The next day, students walked along the "blood-stained bridge" and went to the building of the former central committee of the communist party, which is now the seat of the ruling Socialist Party of Serbia and surrounded it in protest because of the repression seen the previous night. The students walked around the city without any problem again, saluted by the citizens more heartily than ever, and the gathering of the coalition Together on the Square of the Republic passed peacefully. However, the protest walk of the citizens was prevented by a police cordon again; the citizens who refused to go away after the speeches were subjected to police torture again, and "forces of law and order" even entered shops and restaurants and coffee shops catching demonstrators (or whoever could be that...) and brutally beat them up.
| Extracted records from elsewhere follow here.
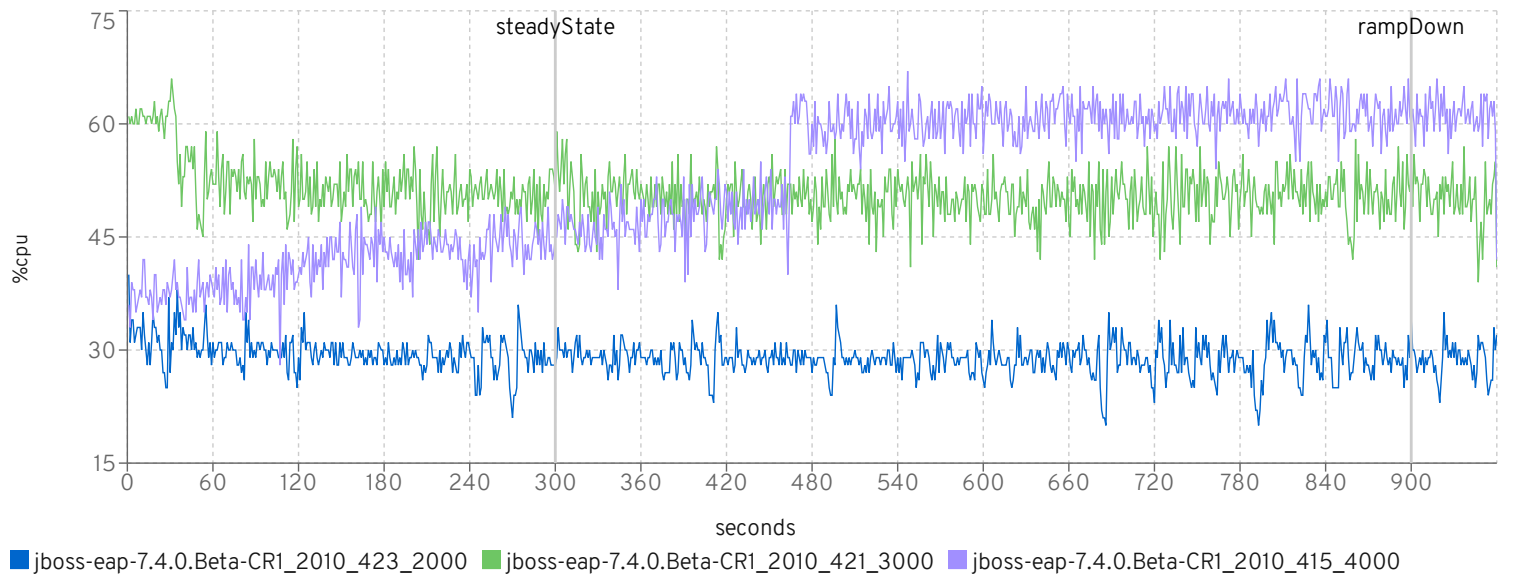

SPECjEnterprise2010

Run Info

name	passed	EjOPS	duration	cpu	gc reasons	pause seconds
jboss-eap-7.4.0.Beta-CR1_2010_423_2000	false	3163.9	00:16:04	29.012	Allocation Failure 462	7.091
jboss-eap-7.4.0.Beta-CR1_2010_421_3000	false	4660.375	00:16:07	50.961	Allocation Failure 681	11.062
jboss-eap-7.4.0.Beta-CR1_2010_415_4000	false	4721.718	00:16:06	52.456	Allocation Failure 652	11.178

server cpu

That is how Belgraders continued to be exposed to the conditions of an unproclaimed state of emeregency and high insecurity, so that it became customary when going out into the street to hear a warning "beware the police" as if you were an incorrigible criminal persecuted by Interpol. Since it has become irrational and impossible to pretend that nothing is happening and that the circumstances were at least to a certain extent normal, majority of members of the council of the Belgrade film festival, FEST, submitted resignations, and the festival was interrupted: distributers withdrew all the films for two days (for the time being) from Belgrade cinemas, theatres refused to play in protest. Mayor of Belgrade, Nebojsa Covic, called the police to stop with the unreasonable repression against Belgraders, and appealed to the citizens not to respond to force with force.

At the moment this text is being written, the beginning of another gathering of coalition Together is expected; whether streets of Belgrade will again start to resemble a battlefield, remains to be seen. The regime is playing a game which it cannot win in the long run, and in this way it is just speeding up its own fall and limiting its possibilities for an elegant withdrawal. The one who came to power carried by populistic hysteria on cheap nationalistic symbols and lies, will leave by his own choice, in the sign of blood. This is the final outcome of a policy which had for ten years produced destruction, lived off it, and will in the end be ruined by it.